The price of solar energy system components varies depending on the size of the system (generating capacity), type and quality of the components purchased and complexity of the system selected. The good news for members is that the cost of solar panels and their corresponding components has declined dramatically while the technology has improved.
Installation costs depend on the size and complexity of the system but also on the home layout and construction. For example, a simple, south-facing roof allows for easier installation than a roof with hips and valleys. In addition, some homes require structural or wiring upgrades to accommodate a solar panel system. An average 4 kW system may cost between $10,000 and $20,000, before credits and incentives. This is based on a typical installed cost of $2.50 to $5 per Watt of distributed generation capacity. To determine your costs, look for online calculators to help you estimate your pricing. It's also wise to get bids from reputable installers.

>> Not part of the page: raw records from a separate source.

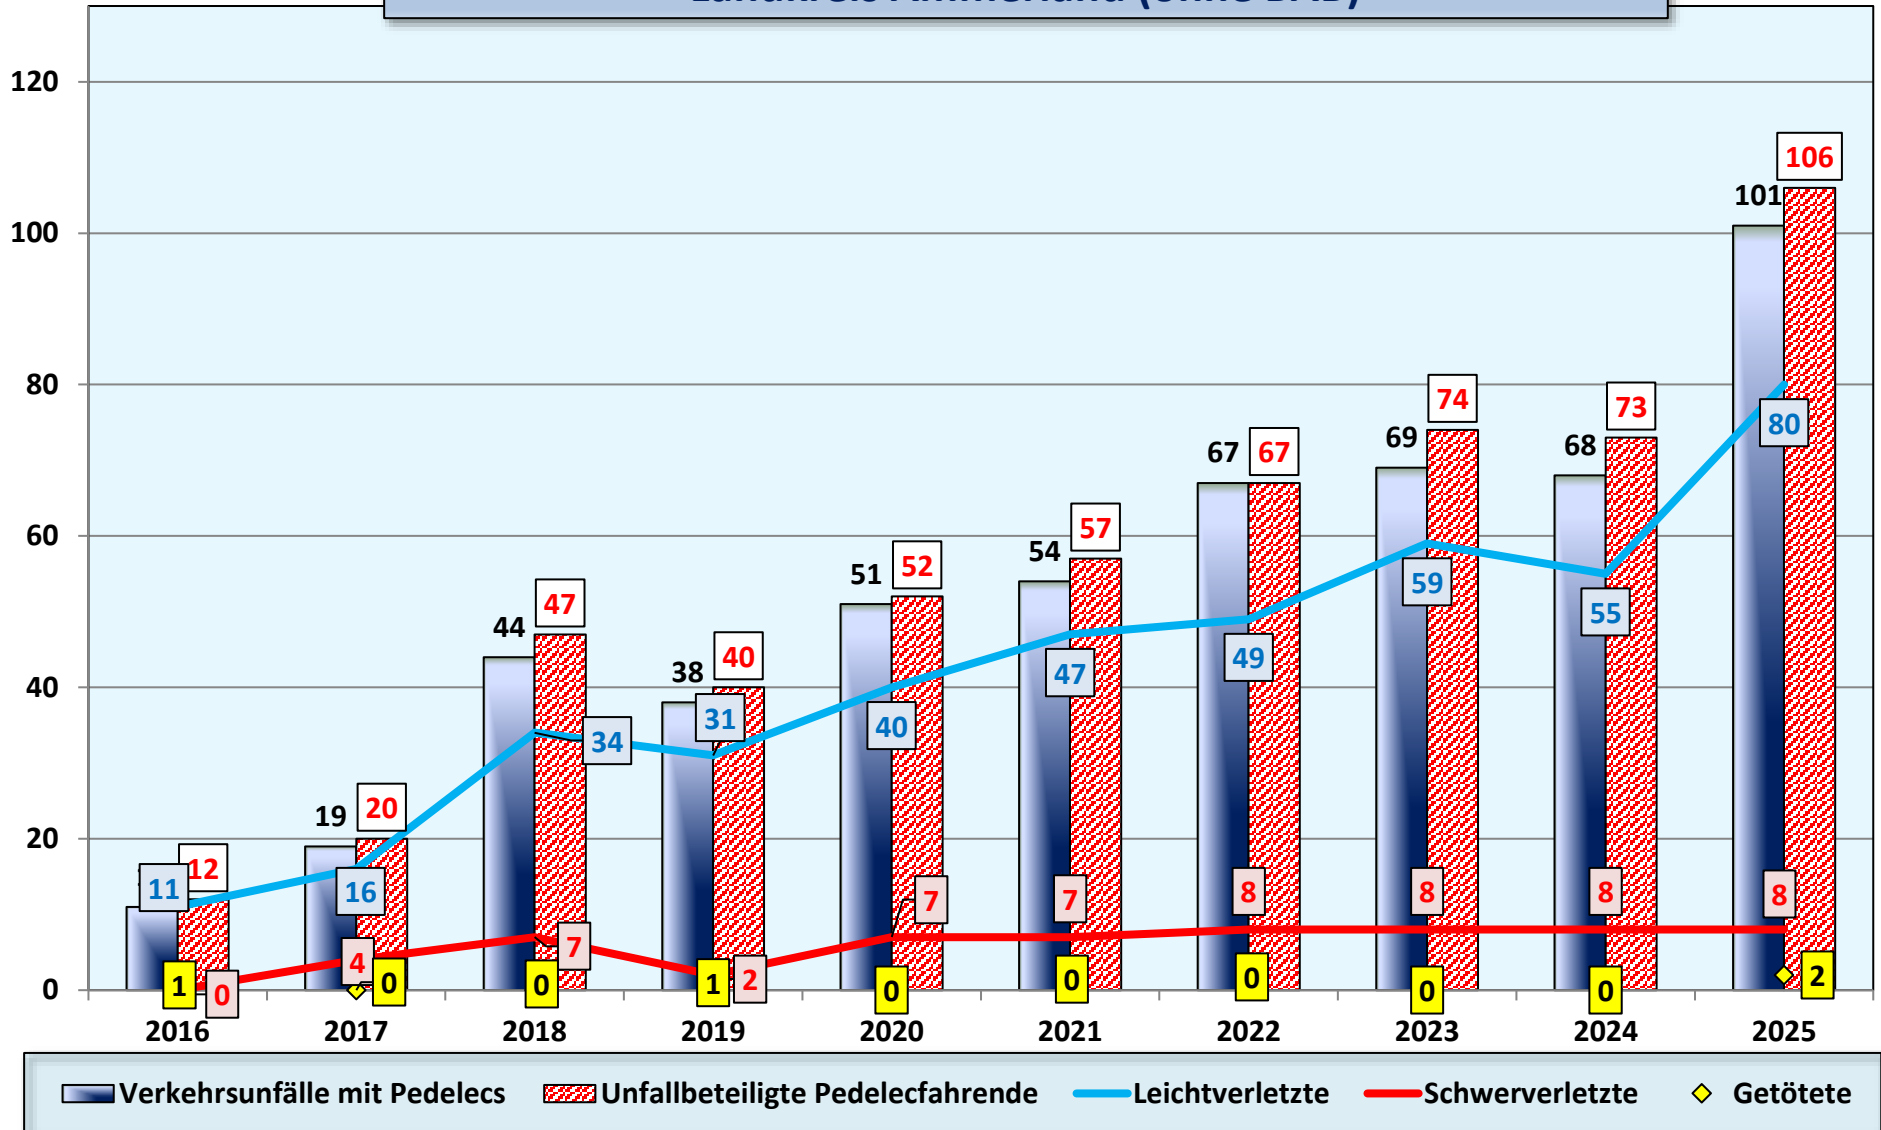

Verkehrsunfallgeschehen mit Beteiligung von Pedelecfahrenden Landkreis Ammerland (ohne BAB)

Auf den Autobahnen(BAB) im Bereich der Polizeiinspektion Oldenburg-Stadt/Ammerland	2023	2024	2025
Verkehrsunfälle	674	736	714
Getötete	1	0	1
Schwerverletzte	7	11	10
Leichtverletzte	154	174	145

Stadt Oldenburg	2023	2024	2025
Verkehrsunfälle	4608	4614	4600
Getötete	4	1	3
Schwerverletzte	57	66	91
Leichtverletzte	853	881	917

Landkreis Ammerland	2023	2024	2025
Verkehrsunfälle	2716	2610	2664
Getötete	6	3	11
Schwerverletzte	83	68	87
Leichtverletzte	596	566	595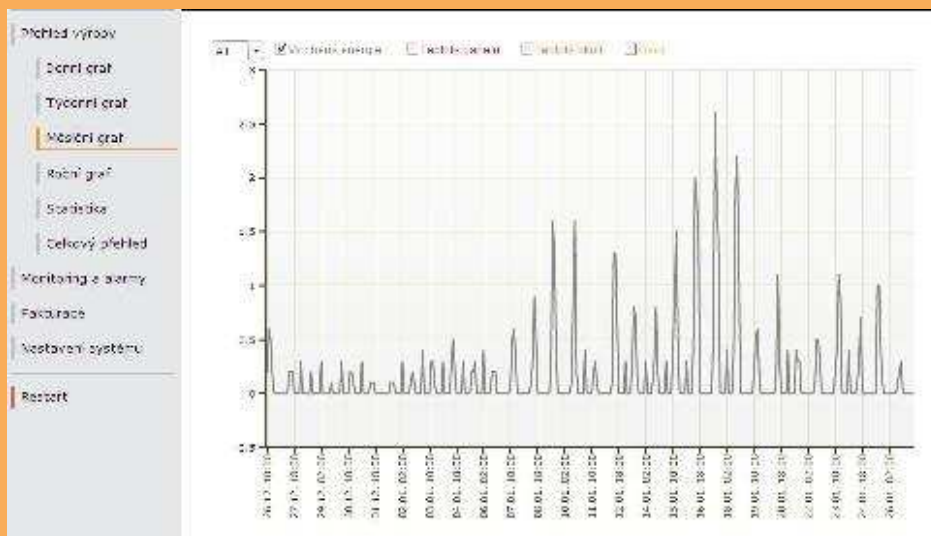

# Monitoring měničů FRONIUS

Obr. 4 Sledování vyrobené energie v měsíci

Obr. 5 Měsíční vývoj venkovních teplot

Obr. 6 Celkový přehled systému

## Monitoring měničů DANFOSS

Obr. 7 Monitoring průběhu denního výkonu jednotlivých měničů

Obr. 8 Monitoring průběhu celkového denního výkonu elektrárny

Obr. 9 Vizualizace vzdáleného odečtu elektroměru výroby

## Monitoring měničů pomocí systému SOLARMONITOR

Obr. 10 Sledování vyrobené energie v měsíci

Obr. 11 Vývoj a porovnání venkovních teplot a teplot solárního panelu v měsíci

Obr. 12 Přehled systému

**Kontakt:**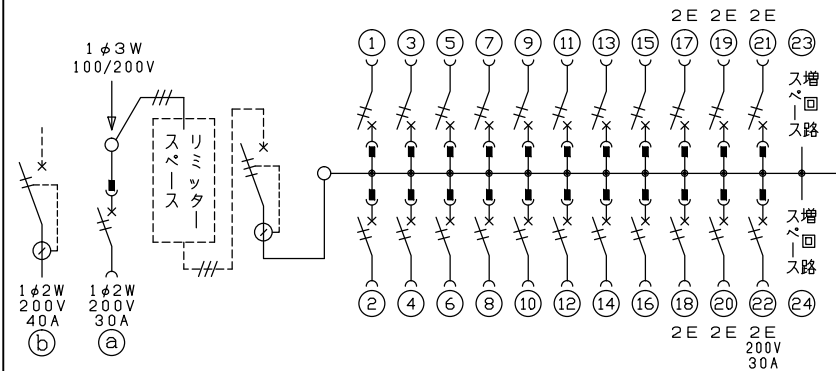

御納入先  
様

端子台：最大入線容量 38mm<sup>2</sup> 150A 端子ねじM8

- 1φ3W リミッタースペース付  
(リミッター用電線22mm<sup>2</sup>同梱)
- 主幹 ELB 3P 75AF BC 5.0kA  
30mA高速形 単3中性線欠相保護付
- 分岐 MCB 2P 30AF BC 2.5kA  
コード短絡保護機能付
- ②②回路：IHクッキングヒーター用配線用遮断器
- ①回路：エコキュート用配線用遮断器  
(電気温水器用)
- ③回路：蓄熱暖房器用漏電遮断器

ボイラー用開閉器	エコキュート用開閉器	リミッタースペース (木板)	主開閉器	一次送り回路	分岐開閉器数				付属機器取付スペース (木板)	分電盤定格	キャビネット仕様		日付	名称	面	担当				
漏電遮断器	安全ブレーカ		漏電遮断器		安全ブレーカ	安全ブレーカ	安全ブレーカ	増回路スペース	定格電流	75A	形式	露出・半埋込兼用形	尺度	1/8 (A3基準)						
2P2E (200V)	2P2E (200V)	(175x75)	3P2E	P E A	2P1E 20A	2P2E 20A	2P2E 30A (200V) (1H用)				材質	難燃性合成樹脂 (自己消火性)	承認	検閲	設計	製図				
40A	30A	有	75A	-	16	5	1	2			色彩	マンセル 8GY9,7/0,2	承認	検閲	設計	製図	名称	住宅用分電盤		
GB-52EC	BC-2NA		GBU-73:1HKC		BC-1NA	BC-2NA	BC-2NA						テンパール工業株式会社				品名	MALG37222IB3G4		
													品番	(エコキュート・IHクッキングヒーター・電気ボイラー用)						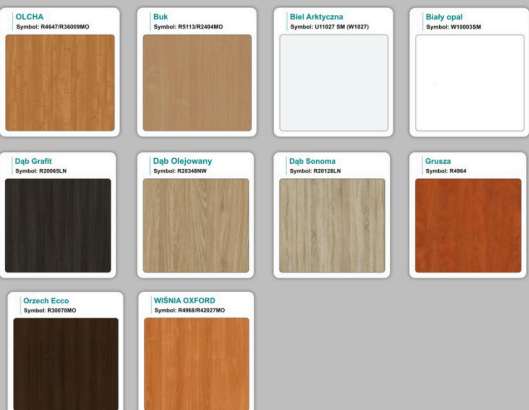

#### Materiał:

- **Płyta melaminowana** kolory dostępne z wzornika
- Możliwe **inne kolory** i materiały z poza wzornika
- Lada może być wykonana z innych materiałów takich jak **laminat** czy **corian** - (do wyceny)

# Jak działamy

---

**Różnice w materiałach Płyta melaminowana , Laminat , Corian :**

---

# WZORNIK

Grubość płyty 36mm

Kolory standard:

Unikolory:

Kolory płyta 25mm

WZORNIK:

Unikolory płyta 25mm

State and federal governments and some utility companies offer certain incentives, rebates and tax credits to those who install solar panel systems. There is a federal tax credit of thirty percent through 2032. In addition, there may be state or local income tax credits, property tax exemptions and rebate programs from government agencies. These vary by state, city and utility, and rebates may also depend on whether the solar energy system is purchased or leased. Find information about available programs: http://programs.dsireusa.org/system/program/maps. Be sure to consult with your financial and tax advisor.
One of the most common questions surrounding solar energy is, “How long is it going to take to pay off the solar panels I just installed?” On average, the payback period can range from fewer than 10 years to more than 20 years, depending on the following factors:
- System costs
- Available rebates and incentives
- Operation and maintenance costs for the system
- The amount of electricity produced
- The retail price of electricity you purchase from your cooperative.
Check with your cooperative for more information.
Certified PV products and solar panel systems generally are reliable and can work for 30 years on average. Manufacturers test solar panels for hail impact, high wind and freeze-thaw cycles to represent real-life situations. Most manufacturers offer 20- to 25-year warranties for panels; extended warranties may be available at an extra cost. Maintenance is required, and you should talk with your system provider about proper care. On average, solar panels degrade at a rate of 1 percent each year. Additionally, you need to make sure your roof is in good shape before installation. Other components like inverters may have a shorter life. Solar panels may outlast the roof they are attached to. Make sure your roof is in good shape or budget for replacement during the life of the system.
To determine if solar is right for your house, you can look at factors such as which direction your home faces, the condition of your roof, and obstructions such as trees and other buildings that may block the sun during the peak generation period of 9:00 a.m. to 3:00 p.m. Solar contractors can provide a more detailed analysis on whether or not your home is suitable for a solar panel system, and your cooperative can offer advice, too.
If your house is not ideal for solar, you rent your home or you just aren’t ready to make a big investment, there are other options. Talk to your cooperative about community solar or green power program options.